Stored entries

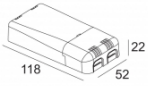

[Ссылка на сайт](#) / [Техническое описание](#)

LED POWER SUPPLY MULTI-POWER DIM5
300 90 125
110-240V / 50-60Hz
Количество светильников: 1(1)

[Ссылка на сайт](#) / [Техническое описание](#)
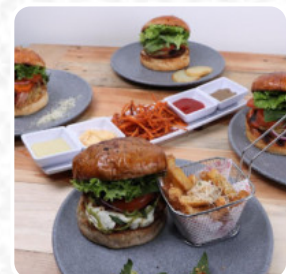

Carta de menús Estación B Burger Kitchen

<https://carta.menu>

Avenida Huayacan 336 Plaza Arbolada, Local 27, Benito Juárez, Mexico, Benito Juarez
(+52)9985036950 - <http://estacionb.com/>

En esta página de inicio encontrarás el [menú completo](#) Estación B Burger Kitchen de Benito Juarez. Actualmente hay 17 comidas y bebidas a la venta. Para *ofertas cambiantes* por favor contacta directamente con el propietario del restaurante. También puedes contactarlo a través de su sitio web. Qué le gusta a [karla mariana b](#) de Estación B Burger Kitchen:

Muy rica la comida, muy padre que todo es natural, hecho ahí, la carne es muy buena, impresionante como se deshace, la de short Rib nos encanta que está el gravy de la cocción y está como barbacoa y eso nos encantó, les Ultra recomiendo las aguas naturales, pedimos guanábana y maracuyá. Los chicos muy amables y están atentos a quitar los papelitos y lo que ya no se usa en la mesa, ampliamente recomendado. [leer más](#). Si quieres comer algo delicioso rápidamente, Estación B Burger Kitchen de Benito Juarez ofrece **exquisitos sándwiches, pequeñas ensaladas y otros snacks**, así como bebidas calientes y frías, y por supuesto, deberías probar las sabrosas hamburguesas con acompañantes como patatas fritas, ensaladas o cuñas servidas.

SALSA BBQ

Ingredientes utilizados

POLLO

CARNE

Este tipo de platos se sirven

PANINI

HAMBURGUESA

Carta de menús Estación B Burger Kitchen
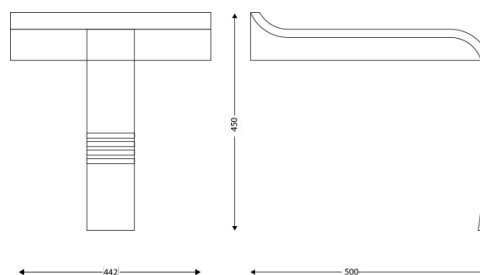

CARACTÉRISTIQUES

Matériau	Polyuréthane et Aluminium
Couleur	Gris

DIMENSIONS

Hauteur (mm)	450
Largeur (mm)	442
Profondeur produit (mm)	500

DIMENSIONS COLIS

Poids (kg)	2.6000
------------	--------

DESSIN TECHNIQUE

## WHAT THIS TASK INVOLVES:
Each line from the first line of the entries through the line containing "En esta página" should be duplicated word for word, and nothing more; the pictures stay out.

## THE ANSWER:
[Ссылка на сайт](#) / [Техническое описание](#)

LED POWER SUPPLY MULTI-POWER DIM5
300 90 125
110-240V / 50-60Hz
Количество светильников: 1(1)

[Ссылка на сайт](#) / [Техническое описание](#)

Carta de menús Estación B Burger Kitchen

<https://carta.menu>

Avenida Huayacan 336 Plaza Arbolada, Local 27, Benito Juárez, Mexico, Benito Juarez
(+52)9985036950 - <http://estacionb.com/>

En esta página de inicio encontrarás el [menú completo](#) Estación B Burger Kitchen de Benito Juarez. Actualmente hay 17 comidas y bebidas a la venta. Para *ofertas cambiantes* por favor contacta directamente con el propietario del restaurante. También puedes contactarlo a través de su sitio web. Qué le gusta a [karla mariana b](#) de Estación B Burger Kitchen:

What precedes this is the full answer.